A refrigerated semi in which bodies were being stored in Jalisco.

Authorities in Jalisco cremated 1,581 unidentified bodies between 2006 and 2018, acts described as “totally criminal” by the director of one of the organizations that discovered them.

A study entitled Cremations of Unidentified Bodies in Jalisco, Crimes without Justice, also tells of cases in which authorities attempted to intimidate family members of missing persons into accepting ashes, even though there was no genetic evidence to indicate they belonged to their loved ones.

The Center of Justice for Peace and Development (Cepad), a non-governmental organization, and the Heinrich Böll Foundation, a public policy think tank, presented the study yesterday.

Family members who attended the presentation say they have been deprived of the opportunity to find out the truth about what happened to their sons and daughters and to seek justice.

“I’ve arrived at the conclusion that the moment when we can’t find our children is not the only time they disappear. When they don’t identify the bodies, in one way or another, they disappear again,” said María del Rosario Cervantes, the mother of a missing child.

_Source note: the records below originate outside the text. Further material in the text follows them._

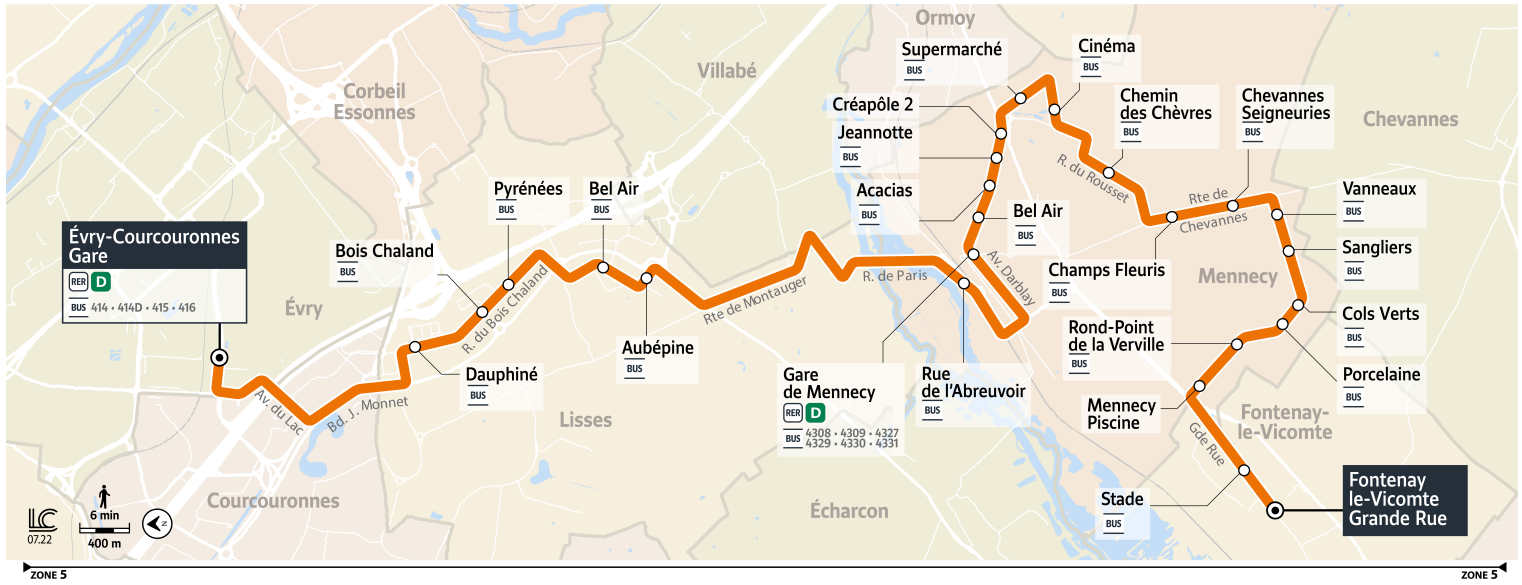

4307

Direction : Fontenay - Grande Rue

4307 Évry-Courcouronnes ↔ Fontenay Grande rue

Horaires valables du lundi 4 septembre 2023 au dimanche 7 juillet 2024

		Du lundi au vendredi														
ÉVRY-COURCOURONNES	Évry-Courcouronnes Gare	6:11	6:26	6:37	6:55	7:10	7:25	7:40	7:55	8:10	8:25	8:40	9:01	9:31	10:31	11:31
LISSES	Dauphiné	6:16	6:31	6:42	7:00	7:15	7:30	7:45	8:00	8:15	8:30	8:45	9:06	9:36	10:36	11:36
	Bois Chaland	6:17	6:32	6:43	7:01	7:16	7:31	7:46	8:01	8:16	8:31	8:46	9:07	9:37	10:37	11:37
	Pyrénées	6:17	6:32	6:43	7:01	7:17	7:32	7:47	8:02	8:17	8:32	8:47	9:08	9:38	10:37	11:37
	Bel Air	6:20	6:35	6:46	7:04	7:19	7:34	7:49	8:04	8:19	8:34	8:49	9:10	9:40	10:40	11:40
	Aubépine	6:20	6:35	6:46	7:04	7:20	7:35	7:50	8:05	8:20	8:35	8:50	9:11	9:41	10:40	11:40
MENNECY	Gare de Mennecey Rue de l'Abreuvoir	6:26	6:41	6:52	7:10	7:26	7:41	7:56	8:11	8:26	8:41	8:56	9:17	9:47	10:46	11:46
	Gare de Mennecey Place de la Gare	6:28	6:43	6:55	7:13	7:29	7:44	7:59	8:14	8:29	8:44	8:59	9:19	9:49	10:49	11:49
	Bel Air	6:29	6:44	6:56	7:14	7:30	7:46	8:01	8:16	8:31	8:46	9:01	9:21	9:51	10:50	11:51
	Acacias	6:30	6:45	6:57	7:15	7:31	7:47	8:02	8:17	8:32	8:47	9:02	9:22	9:52	10:51	11:52
	Jeannotte	6:31	6:46	6:58	7:16	7:32	7:47	8:02	8:17	8:32	8:47	9:02	9:22	9:52	10:52	11:52
	Créapôle 2	6:32	6:47	6:59	7:17	7:33	7:48	8:03	8:18	8:33	8:48	9:03	9:23	9:53	10:53	11:53
	Supermarché	6:33	6:48	7:00	7:18	7:34	7:50	8:05	8:20	8:35	8:50	9:05	9:25	9:55	10:54	11:55
	Cinéma	6:34	6:49	7:01	7:20	7:36	7:51	8:06	8:22	8:37	8:52	9:07	9:26	9:56	10:56	11:57
	Chemin des Chèvres	6:37	6:52	7:04	7:23	7:39	7:54	8:09	8:25	8:40	8:55	9:10	9:29	9:59	10:59	12:00
	Champs Fleuris	6:38	6:53	7:05	7:24	7:40	7:55	8:10	8:26	8:41	8:56	9:11	9:30	10:00	11:01	12:01
	Chevannes-Seigneurie	6:39	6:54	7:06	7:25	7:41	7:56	8:11	8:27	8:42	8:57	9:12	9:31	10:01	11:02	12:02
	Les Vanneaux	6:41	6:56	7:08	7:27	7:43	7:58	8:13	8:28	8:43	8:58	9:14	9:33	10:03	11:03	12:03
	Sangliers	6:41	6:56	7:08	7:27	7:43	7:58	8:13	8:29	8:44	8:59	9:14	9:33	10:04	11:03	12:03
	Cols Verts	6:42	6:57	7:09	7:28	7:44	7:59	8:14	8:30	8:45	9:00	9:15	9:34	10:05	11:04	12:04
Porcelaine	6:43	6:58	7:10	7:29	7:45	8:00	8:15	8:30	8:45	9:00	9:16	9:35	10:06	11:04	12:04	
Rond Point de Verville	6:44	6:59	7:11	7:31	7:47	8:02	8:17	8:32	8:47	9:02	9:18	9:37	10:07	11:06	12:06	
Piscine	6:45	7:00	7:12	7:32	7:48	8:03	8:18	8:33	8:48	9:03	9:19	9:38	10:08	11:07	12:07	
FONTENAY-LE-VICOMTE	Stade	6:48	7:02	7:17	7:35	7:51	8:05	8:20	8:35	8:50	9:05	9:21	9:40	10:10	11:10	12:10
	Fontenay - Grande Rue	6:49	7:03	7:19	7:36	7:52	8:06	8:21	8:36	8:51	9:06	9:22	9:41	10:11	11:11	12:11

Rosario Hernández said that a state police officer threatened her with a gun when she refused to accept the ashes that authorities said belonged to her son.

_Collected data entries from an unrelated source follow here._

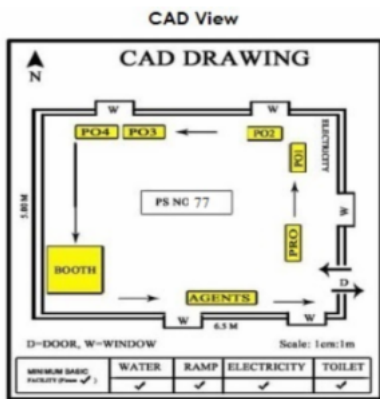

নির্বাচক নিবন্ধন আধিকারিকের স্বাক্ষর

Nazri Naksha

Google Map View

Polling Station Building Front View

Polling Station Front View

Cad View

Key MAP View

1 নাম : রহিমা বিবি স্বামীর নাম : পাঞ্জাব আলি বাড়ির নং : n0124 বয়স : 69 লিঙ্গ : মহিলা	WB/19/089/171041	2 নাম : মঃনূর ইসলাম খুকড়ে পিতার নাম : মঃ পাঞ্জাব আলি খুকড়ে বাড়ির নং : n0124 বয়স : 46 লিঙ্গ : পুরুষ	MGS1803667	3 নাম : নজরুল ইসলাম খুকড়ে পিতার নাম : মঃ পাঞ্জাব আলি খুকড়ে বাড়ির নং : n0124 বয়স : 35 লিঙ্গ : পুরুষ	TIQ1138148
4 নাম : রকিয়া বিবি স্বামীর নাম : নূর ইসলাম খুকড়ে বাড়ির নং : n0124 বয়স : 35 লিঙ্গ : মহিলা	TIQ1138387	5 নাম : আফুয়াজান বিবি স্বামীর নাম : আঃ আলিম খুকড়ে বাড়ির নং : n0128 বয়স : 71 লিঙ্গ : মহিলা	MGS1655695	6 নাম : ফরিদা বিবি স্বামীর নাম : সাইফুদ্দিন খুকড়ে বাড়ির নং : n0128 বয়স : 56 লিঙ্গ : মহিলা	WB/19/089/171156
7 নাম : সাহানুর খুকড়ে মায়ের নাম : ফরিদা বিবি বাড়ির নং : n0128 বয়স : 34 লিঙ্গ : পুরুষ	TIQ1393602	8 নাম : কুতুবউদ্দিন খুকড়ে পিতার নাম : আব্দুল আলিম খুকড়ে বাড়ির নং : n0128 বয়স : 42 লিঙ্গ : পুরুষ	TIQ1003409	9 নাম : খাদিজা বিবি স্বামীর নাম : কুতুবউদ্দিন খুকড়ে বাড়ির নং : n0128 বয়স : 33 লিঙ্গ : মহিলা	TIQ1266725
10 নাম : কোহিনুর বিবি স্বামীর নাম : মোঃ নূর ইসলাম বাড়ির নং : n0159 বয়স : 47 লিঙ্গ : মহিলা	MGS2991339	11 নাম : সামসুননেহার বিবি স্বামীর নাম : নূর মহম্মদ মোল্লা বাড়ির নং : n0178 বয়স : 73 লিঙ্গ : মহিলা	TIQ2603066	12 নাম : মর্জিনা বিবি স্বামীর নাম : আলমগীর মোল্লা বাড়ির নং : n0178 বয়স : 44 লিঙ্গ : মহিলা	MGS2991172
13 নাম : আনোয়ারা বিবি স্বামীর নাম : সিরফুল মোল্লা বাড়ির নং : n0195 বয়স : 49 লিঙ্গ : মহিলা	MGS2158590	14 নাম : সেখ আব্দুল হানিফ মায়ের নাম : হাফিজা খাতুন বাড়ির নং : n0201 বয়স : 46 লিঙ্গ : পুরুষ	MGS2158525	15 নাম : স্বর্ণহার বিবি স্বামীর নাম : সেখ আব্দুল হানিফ বাড়ির নং : n0206 বয়স : 42 লিঙ্গ : মহিলা	GGL3212560
16 নাম : মনজুরা বিবি স্বামীর নাম : মোঃ সিরফুল মন্ডল বাড়ির নং : n0207 বয়স : 38 লিঙ্গ : মহিলা	TIQ1514371	17 নাম : মাফুজা বিবি স্বামীর নাম : সিরফুল মন্ডল বাড়ির নং : n0208 বয়স : 39 লিঙ্গ : মহিলা	TIQ1514389	18 নাম : নিয়ামোত মোল্লা পিতার নাম : নূর মহম্মদ মোল্লা বাড়ির নং : n0212 বয়স : 43 লিঙ্গ : পুরুষ	MGS2757706
19 নাম : লাবনী (মন্ডল) বিবি স্বামীর নাম : মোঃ আমিরুল ইসলাম বাড়ির নং : n0005 বয়স : 33 লিঙ্গ : মহিলা	TIQ1393412	20 নাম : মঞ্জুরা বিবি স্বামীর নাম : এব্রাহিম খুকড়ে বাড়ির নং : n0059 বয়স : 58 লিঙ্গ : মহিলা	MGS0310722	21 নাম : তানজিম আক্তা খুকড়ে মায়ের নাম : মঞ্জুরা বিবি খুকড়ে বাড়ির নং : n0059 বয়স : 37 লিঙ্গ : পুরুষ	TIQ1138247
22 নাম : তাহমিনা বিবি (খাতুন) পিতার নাম : মোঃ জাফর আলি বাড়ির নং : n0059 বয়স : 36 লিঙ্গ : মহিলা	TIQ1137488	23 নাম : মাফুজা বিবি স্বামীর নাম : আব্দুল গফফার আলী বাড়ির নং : n0005 বয়স : 61 লিঙ্গ : মহিলা	MGS1656834	24 নাম : মোঃ মনিরুল ইসলাম পিতার নাম : মোঃ সিরফুল আলি বাড়ির নং : n0005 বয়স : 44 লিঙ্গ : পুরুষ	MGS1808633
25 নাম : মোঃ আমিরুল ইসলাম পিতার নাম : আব্দুল গফফার আলি বাড়ির নং : n0005 বয়স : 45 লিঙ্গ : পুরুষ	MGS1808302	26 নাম : মোঃ সিরফুল ইসলাম খুকড়ে পিতার নাম : আব্দুল গফফার আলি বাড়ির নং : n0005 বয়স : 41 লিঙ্গ : পুরুষ	MGS2853950	27 নাম : হাফিজা বিবি স্বামীর নাম : লালবাবু খুকড়ে বাড়ির নং : n0084 বয়স : 59 লিঙ্গ : মহিলা	WB/19/089/171434
28 নাম : সাইফুদ্দিন খুকড়ে পিতার নাম : লালবাবু খুকড়ে বাড়ির নং : n0084 বয়স : 31 লিঙ্গ : পুরুষ	TIQ1393495	29 নাম : হাসিনা বিবি মায়ের নাম : আমিনুল ইসলাম বিবি বাড়ির নং : n0089 বয়স : 58 লিঙ্গ : মহিলা	TIQ1137496	30 নাম : লাইলি বিবি স্বামীর নাম : তাইজেল খুকড়ে বাড়ির নং : n0086 বয়স : 67 লিঙ্গ : মহিলা	MGS1655091

“I told him, ‘I can’t accept the ashes if there’s no body, I want to see the body . . . because I didn’t authorize the cremation of my son.’ And he asked me, ‘what do you want us to do? Isn’t it enough what you have? You have the photos, the fingerprints, everything, it’s your son,’” she said.

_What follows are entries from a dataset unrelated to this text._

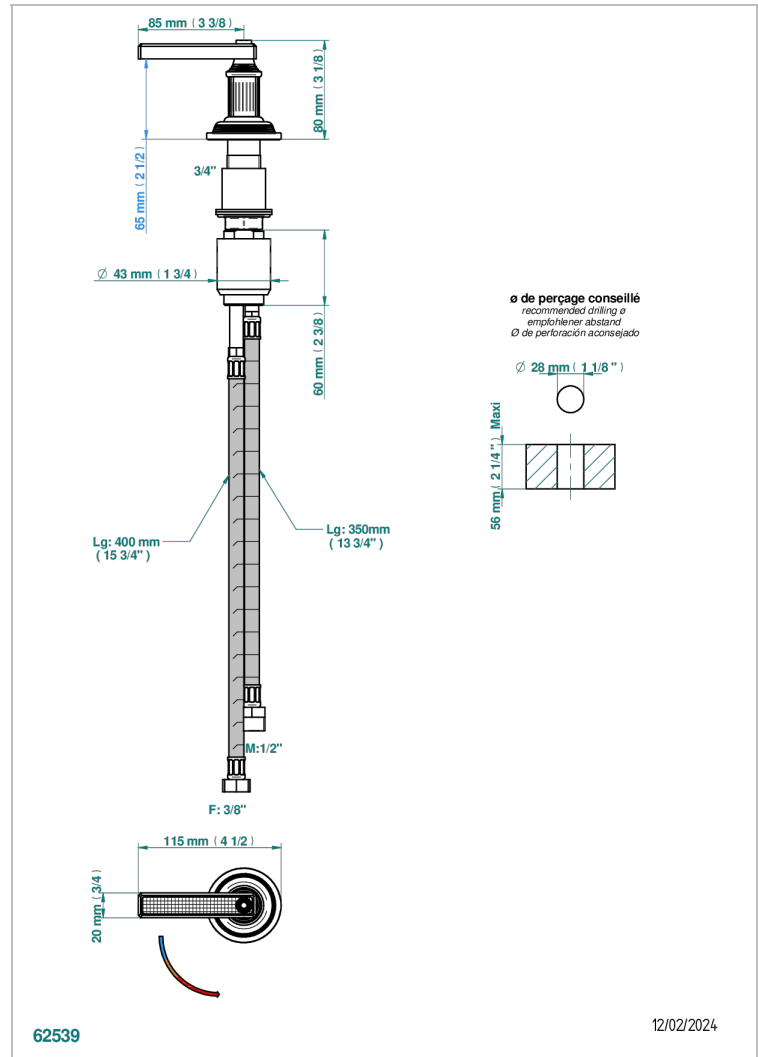

WEST COAST GUILLOCHE LIN A MANETTES

U9D-6532

Mitigeur à cartouche progressive avec croisillon de style

THG[®]
PARIS

CARACTÉRISTIQUES

- ACS : 22ACCLY009

CERTIFICATIONS

FINITIONS DISPONIBLES

Bronze clair - D01
Chromé - A02
Chromé insert doré - GA1
Chromé mat - C02
Doré brillant - F01
Doré mat - F07

Laiton fumé naturel - A13
Nickel brillant - B01
Nickel mat - C01
Noir mat céramique - D30
Or pâle - F30
Or pâle mat - F31

“When I didn’t want to accept the ashes . . . He tried to intimidate me so that I would accept them out of fear . . . It was all a lie, it was all a ploy. Those people did a lot of damage to me,” Hernández added.

Cepad director César Pérez described the cremations carried out by successive state governments as “totally criminal.”

He said that thousands of families had been left with the uncertainty of not knowing if their missing relatives were among the unidentified bodies that were cremated.

The possibility of recovering a loved one’s body and being able to say goodbye in accordance with their traditions and beliefs was taken away from families forever, Pérez said.

Ana Karolina Chimiak, a lawyer for Cepad, rebuked authorities for trying to publicly justify their actions.

“They said that it was all regulated and in accordance with the law, that the cremations had to be carried out for health reasons . . . that it was more honorable to cremate a body than send it to a mass grave,” she said.

Chimiak said it was never too later for justice and called on authorities to respond to the seriousness of the situation to ensure that there is no repeat of “another human tragedy” such as last year’s case of unclaimed bodies being stored in refrigerated trailers.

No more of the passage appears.